*Your task*:
Any pictures in the records below must be left out when you repeat the lines from the line containing "Imbottitura 10mm per" through the line containing "- FI LOT numeroa" exactly.

[Source records]
^^^^^^^^

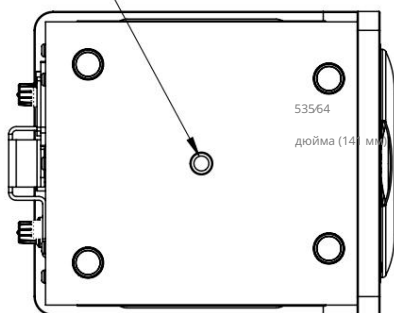

Настройки	Высокие (4,5-35 кГц)	Регулируемый, ±3 дБ
	Переключатель питания Вкл./Выкл. на задней панели	
Потребление в режиме ожидания		< 0,5 Вт
Дисплеи и элементы управления		Светодиод включения/выключения питания и режима ожидания
Преобразователи		
НЧ-динамик		4-дюймовый (10 см) льняной конус
Твитер		Профиль «М» 1 дюйм (25 мм) Алюминий-Магний
Кабинет		
Корпус		МДФ толщиной 0,5 дюйма (12 мм)
Покрытие		Винил, настоящий орех и черная краска
Размеры с четырьмя резиновыми ножками (В x Ш x Г)		10,1 x 6,3 x 7,9 дюйма (257 x 161 x 200 мм)
Масса		11 фунтов (5 кг)

170315-SHAPE_40

170315-SHAPE_40

ФОРМА 40
НАСТЕННОЕ КРЕПЛЕНИЕ (в комплекте)
Винты: 2 x M6 X16 (не входят в комплект)
Винт: BSW 03/8" (входит в комплект)

SHAPE 40
НАСТЕННОЕ КРЕПЛЕНИЕ (в комплекте)
Винты: 2 x M6 X16 (не входят в комплект)

170315-SHAPE_40

234 дюйма (70 мм)

SHAPE 40
НАСТЕННОЕ КРЕПЛЕНИЕ (в комплекте)
Винты: 2 x M6 X16 (не входят в комплект)

2 x 01/4" (2 x 6,5 мм)

Винт: BSW 03/8"

SHAPE 40
НАСТЕННОЕ КРЕПЛЕНИЕ

2 x 01/4" (2 x 6,5 мм)

234 дюйма (70 мм)
22932 дюйма (74 мм)

234 дюйма (70 мм)

SHAPE 40
НАСТЕННОЕ КРЕПЛЕНИЕ

53564 дюйма (141 мм)
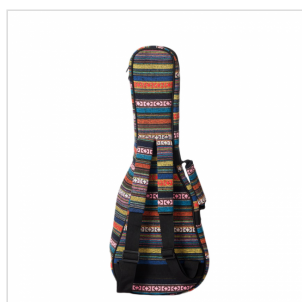

USC-T BORSA IMBOTTITA PER UKULELE TENORE

La linea USC nasce per proteggere il tuo ukulele in ogni situazione, senza dimenticare una cosa importantissima: il look!
Disponibile per ukulele soprano, concerto, tenore e baritono.

DETTAGLI DEL PRODOTTO

CARATTERISTICHE PRINCIPALI

Imbottitura 10mm per proteggere il tuo strumento

Doppia tracolla e maniglia

Tasca frontale per portare sempre con te gli accessori

Finitura: color party

Misura: tenor

Dimensioni interne: 70 x 24cm (lunghezza x larghezza)
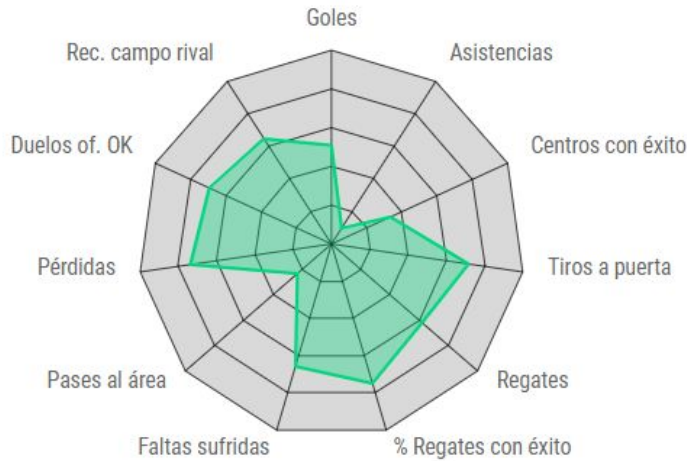

## JOVEN PROMESA

**J. HERNÁNDEZ**  
Lateral Izquierdo, Leganés

**23** **182**  
años cm
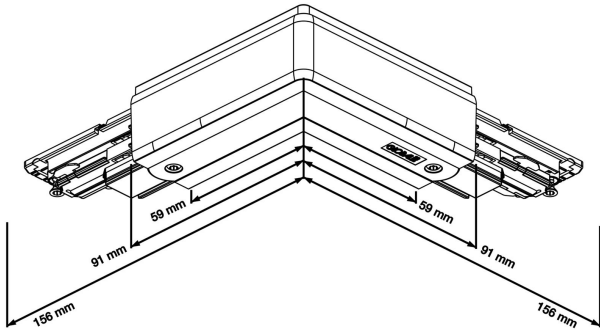

L-SKARV XTSNC634-3 VIT DALI

E7447107

L-skarv DALI med möjlighet till spänningsmatning till Pulse skenor. Passar både infällda och utanpåliggande skenor.

NORDIC ALUMINIUM

Färg

Vit

Typ av tillbehör

Koppling/kontaktbrytare,
L-form

Måttitning

Polaritet Global Trac Pulse (DALI)

Röd linje anger polaritet
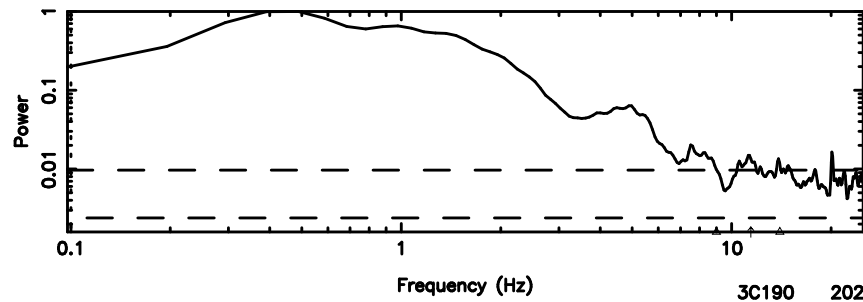

BLK:25,SNR1: 6.8302 ,SNR2: 12.109
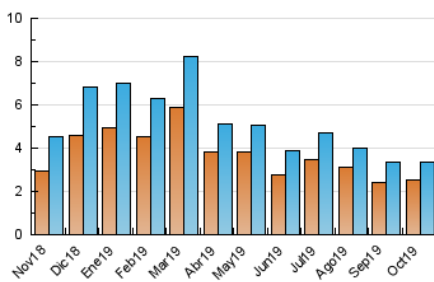

4.3 Per mesos

N. únics / Visites (x 1000)
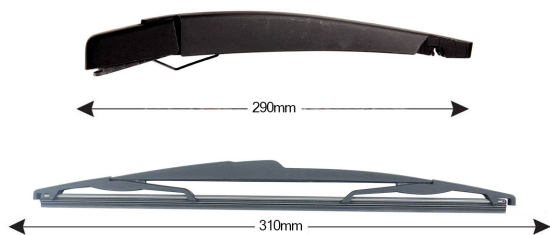

## Sparblade Rear Arm Kit MERCEDES-BENZ Classe R 310mm

Item number: 74326 - EAN: 8051886327479

Braccio tergilunotto posteriore con struttura in PBT, tecnopolimero resistente ai raggi UV.

La Lamina in gomma speciale con trattamento in grafite assicura una perfetta pulizia del lunotto posteriore e lunga durata.

#### Product information

Product line	Rear Kit
Lato montaggio	posteriore
Lunghezza Braccio	290
Lunghezza [mm]	310
Quantità	1

---
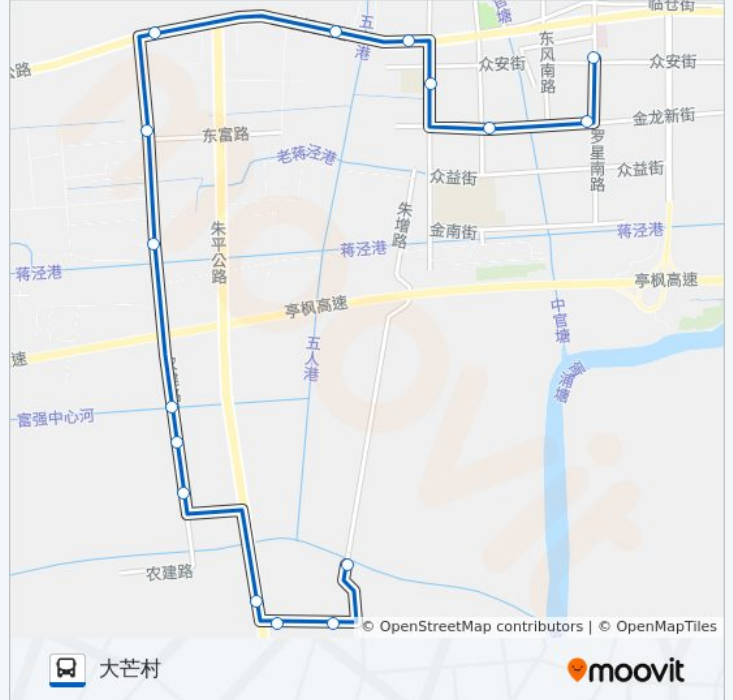

## 方向: 大芒村

16 站

[查看时间表](#)

众安街

罗星南路

塘园路

中心小学

健康路

朱平公路(招呼站)

朱增路

大芒村

## 公交朱泾3路的时间表

往大芒村方向的时间表

星期一	06:00 - 18:00
星期二	06:00 - 18:00
星期三	06:00 - 18:00
星期四	06:00 - 18:00
星期五	06:00 - 18:00
星期六	06:00 - 18:00
星期日	06:00 - 18:00

## 公交朱泾3路的信息

方向: 大芒村

站点数量: 16

行车时间: 32 分

途经站点:

你可以在moovitapp.com下载公交朱泾3路的PDF时间表和线路图。使用[Moovit应用程序](#)查询上海的实时公交、列车时刻表以及公共交通出行指南。

[关于Moovit](#) · [MaaS解决方案](#) · [城市列表](#) · [Moovit社区](#)

© 2023 Moovit - 版权所有
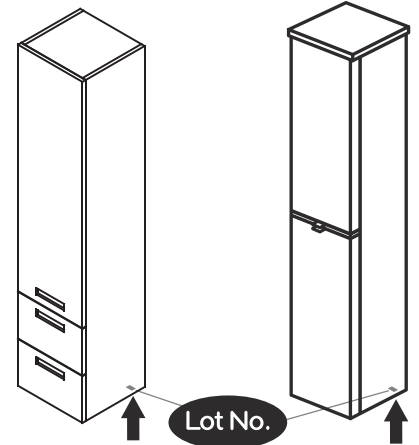

NORO

NEWPORT
MirrorCabinet 60

Lot No.

- SE LOT-nummer
- FI LOT-numeron
- NO LOT-nummeret
- DK LOT nummer
- UK LOT number

NORO

- SE LOT nummer används för spårning av information av produktens tillverkningshistoria. Informationen är mycket viktig i vår strävan av att göra Noro's produkter bättre.
- FI LOT numeroa käytetään jäljittämään tuotteen valmistushistoria. Tieto on erittäin tärkeä jotta voimme parantaa Noro tuotteiden laatua.
- NO LOT nummer brukes for sporing av informasjon av produktet produksjonshistorie. Informasjonen er viktig for at vi skal kunne gjøre Noro's produkter bedre.
- DK LOT nummer bruges til at spore oplysninger om produktets fremstilling historie. Oplysningerne er meget vigtig i vores bestræbelser på at gøre Noro's produkter bedre.
- UK LOT number is used to track the details of the product's manufacturing history. The information is very important in our quest to make the Noro's products better.

NORO Newport 600 L/R (mm)

- Ⓢⓔ Installationsmått för el
- ⓈⓂ Sähköasennusmitat
- ⓈⓃ Installasjonsmål for el
- ⓈⓀ Installationsmål for el
- ⓈⓁ Measurements for installation of electricity

- Ⓢⓔ ★ =Uttag för el ■ =Alternativt område för framdragning av el
- ⓈⓂ ★ = Sähköliitännä ■ = Vaihtoehtoinen alue sähkösyötölle
- ⓈⓃ ★ =Strømuttak ■ =Alternativt område ved fremdragning av elektrisitet
- ⓈⓀ ★ =Uttag til el ■ =Alternativt område for fremtagning af el
- ⓈⓁ ★ =Electric outlet ■ =Optional area for electrical wiring

A	B	C	D
720mm	200mm	600mm	155mm

H x 2

P x 4

Q x 4

**FOR CIRCUIT
BREAKER SOCKET**

C x 1

V x 8

T x 6

Art. nr.	Qty	Meas. (mm)
①	1	538 X 168 X 3
②	1	600 X 200 X 25
③	1	572 X 677 X 18
④	1	62 X 62 X 12
⑤	1	695 X 135 X 18
⑥	1	695 X 151 X 15
⑦	2	112 X 109 X 8
⑧	1	677 X 117 X 18
⑨	1	572 X 135 X 18

NEWPORT

MirrorCabinet 60
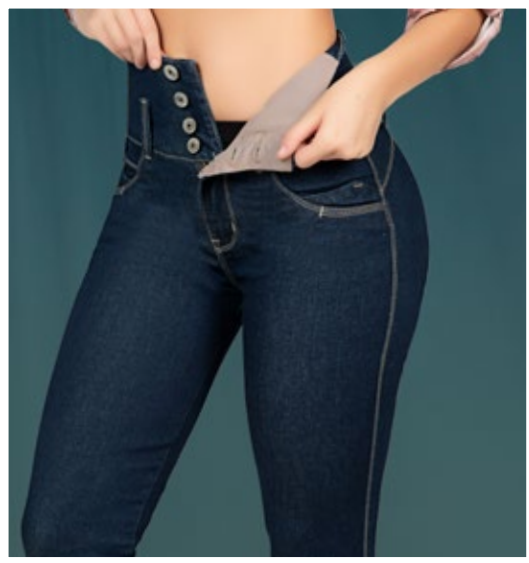

SANDALIA
TACON
POR SOLO
$44,98

CAQUI
412302
SINTETICO
PTS 540

34-35-36
37-38-39-40

BLUSA
POR SOLO
$14,98

UNICOLOR
112528
FLAME SPANDEX
SUELTA
PTS 140

S-M-L-XL-2XL

JEAN
FAJA
POR SOLO
$39,98

AZUL OSCURO
182505
INDIGO SPANDEX
AJUSTADA
PTS 480

6-8-10-12-14-16-18
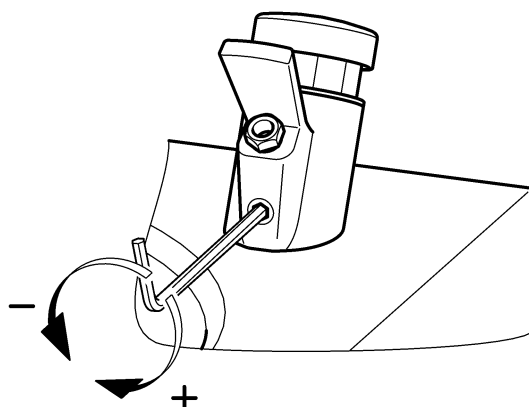

3. Fließzeit einstellen

EN Adjust flow duration

NL Stromingstijd instellen

CS Nastavit dobu průtoku

FR Régler la durée d'écoulement

PL Ustawić czas przepływu

FI Aseta virtausaika

ES Ajustar el tiempo de flujo

SV Ställa in flytförmågan

RU Регулировка времени истечения

IT Impostazione della durata di flusso
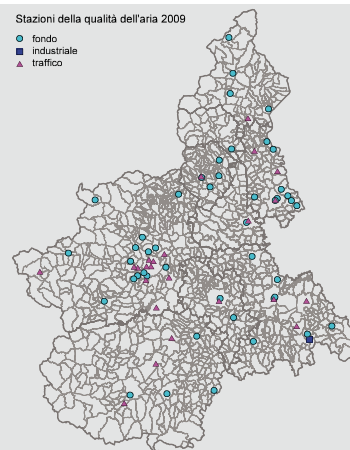

Stazioni fisse per la qualità dell'aria

Risposte

✓ Qual è la situazione?

In Piemonte gli inquinanti dell'aria che respiriamo sono misurati dal Sistema Regionale di Rilevamento della Qualità dell'Aria (SRRQA), costituito da una rete di oltre **70 stazioni fisse di monitoraggio**, distribuita su tutto il territorio regionale in modo da rappresentare le diverse realtà (urbana, rurale, traffico, fondo,...). Ogni stazione è dotata di **strumentazione analitica per la misura dei parametri chimici**, che variano da sito a sito in funzione delle proprie caratteristiche.

✓ Perché sta accadendo?

L'impatto delle attività antropiche sull'ambiente (in particolare traffico, riscaldamento, processi industriali, estensione aree urbanizzate,...) produce, per alcuni parametri, elevati livelli di inquinamento atmosferico.

✓ Stiamo osservando cambiamenti?

Le prime reti pubbliche di monitoraggio della qualità dell'aria in Piemonte nascono negli anni '70. Per raggiungere i vari obiettivi legislativi, è stato necessario integrare nel tempo le singole reti che si sono via via formate, arrivando a ricoprire **l'intero territorio regionale con un sistema omogeneo**. La rete è costantemente in fase di aggiornamento, per adeguarla alle mutate esigenze del territorio e alle normative.

✓ Lo sapevi che?

- La stazione di Baceno (VB), situata a una quota di 1.637 metri, è la stazione situata alla quota più elevata della rete di monitoraggio.
- Arpa Piemonte ha recentemente acquistato **5 mezzi mobili a metano** per campagne di misura nei luoghi dove non sono presenti stazioni fisse.
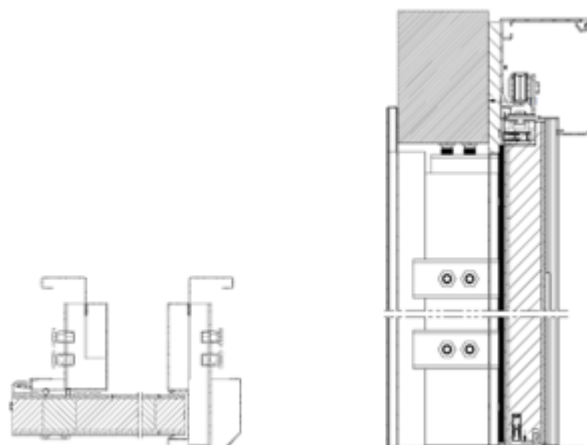

## Yleisten tilojen palo- ja ääniluokiteltu liukuovi FS SLIDE

El<sub>1</sub>30/R<sub>w</sub> 33 dB tai El<sub>1</sub>30/R<sub>w</sub> 37 dB

**Käyttötarkoitus** Julkiset rakennukset kuten sairaalat, terveyskeskukset, toimistot ja muut yleiset tilat, johon soveltuu lattiapinta-alaa säästävä seinän päällä liukuva oviratkaisu ja joille on asetettu palo- ja/tai ääniluokkavaatimus
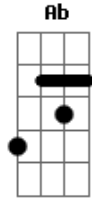

© ukulele-chords.com
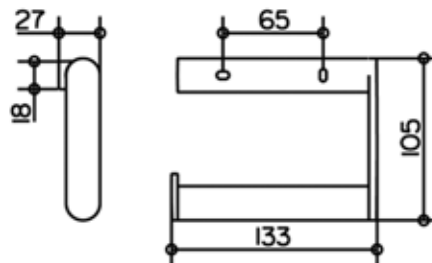

Бумагодержатель,

Keuco, Plan,
шгв 133*27*105 мм,
без крышки, цвет-хром

Серия	Габариты, мм	Особенности	Артикул	Цена
Plan	133*27*105	Настенный, без крышки	14962 010000	81,60
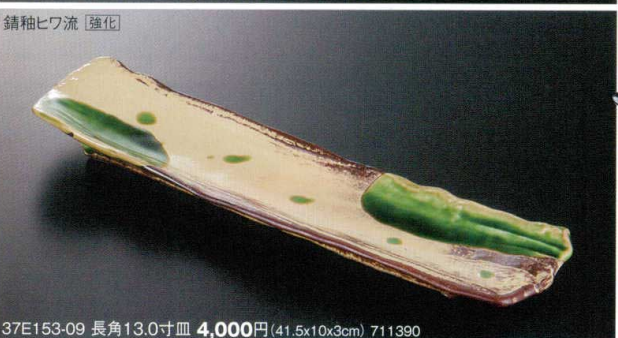

37K153-05 リーフ長皿 4,800円 (39x10.6x4.6cm) 114338

37K153-06 リーフ長皿 4,300円 (39.7x10.7x4.6cm) 114082

37K153-07 高浜付皿 3,700円 (31.7x10.2x3.2cm) 土物 111170

37K153-08 高浜付皿 4,500円 (31.7x10x3cm) 111996

37E153-09 長角13.0寸皿 4,000円 (41.5x10x3cm) 711390

37V153-10 細長皿 4,000円 (45x9x4cm) 土物 970265

付皿
37K153-01
37K153-02
37K153-03
37K153-04
37K153-05
37K153-06
37K153-07
37K153-08
37E153-09
37V153-10

^^^^^^^^

*Your solution*:
Imbottitura 10mm per proteggere il tuo strumento

Doppia tracolla e maniglia

Tasca frontale per portare sempre con te gli accessori

Finitura: color party

Misura: tenor

Dimensioni interne: 70 x 24cm (lunghezza x larghezza)

## JOVEN PROMESA

**J. HERNÁNDEZ**  
Lateral Izquierdo, Leganés

**23** **182**  
años cm

L-SKARV XTSNC634-3 VIT DALI

E7447107

L-skarv DALI med möjlighet till spänningsmatning till Pulse skenor. Passar både infällda och utanpåliggande skenor.

NORDIC ALUMINIUM

Färg

Vit

Typ av tillbehör

Koppling/kontaktbrytare,
L-form

Måttitning

Polaritet Global Trac Pulse (DALI)

Röd linje anger polaritet

BLK:25,SNR1: 6.8302 ,SNR2: 12.109

4.3 Per mesos

N. únics / Visites (x 1000)

## Sparblade Rear Arm Kit MERCEDES-BENZ Classe R 310mm

Item number: 74326 - EAN: 8051886327479

Braccio tergilunotto posteriore con struttura in PBT, tecnopolimero resistente ai raggi UV.

La Lamina in gomma speciale con trattamento in grafite assicura una perfetta pulizia del lunotto posteriore e lunga durata.

#### Product information

Product line	Rear Kit
Lato montaggio	posteriore
Lunghezza Braccio	290
Lunghezza [mm]	310
Quantità	1

---

## 方向: 大芒村

16 站

[查看时间表](#)

众安街

罗星南路

塘园路

中心小学

健康路

朱平公路(招呼站)

朱增路

大芒村

## 公交朱泾3路的时间表

往大芒村方向的时间表

星期一	06:00 - 18:00
星期二	06:00 - 18:00
星期三	06:00 - 18:00
星期四	06:00 - 18:00
星期五	06:00 - 18:00
星期六	06:00 - 18:00
星期日	06:00 - 18:00

## 公交朱泾3路的信息

方向: 大芒村

站点数量: 16

行车时间: 32 分

途经站点:

你可以在moovitapp.com下载公交朱泾3路的PDF时间表和线路图。使用[Moovit应用程序](#)查询上海的实时公交、列车时刻表以及公共交通出行指南。

[关于Moovit](#) · [MaaS解决方案](#) · [城市列表](#) · [Moovit社区](#)

© 2023 Moovit - 版权所有

NORO

NEWPORT
MirrorCabinet 60

Lot No.

- SE LOT-nummer
- FI LOT-numeron
- NO LOT-nummeret
- DK LOT nummer
- UK LOT number

NORO

- SE LOT nummer används för spårning av information av produktens tillverkningshistoria. Informationen är mycket viktig i vår strävan av att göra Noro's produkter bättre.
- FI LOT numeroa käytetään jäljittämään tuotteen valmistushistoria. Tieto on erittäin tärkeä jotta voimme parantaa Noro tuotteiden laatua.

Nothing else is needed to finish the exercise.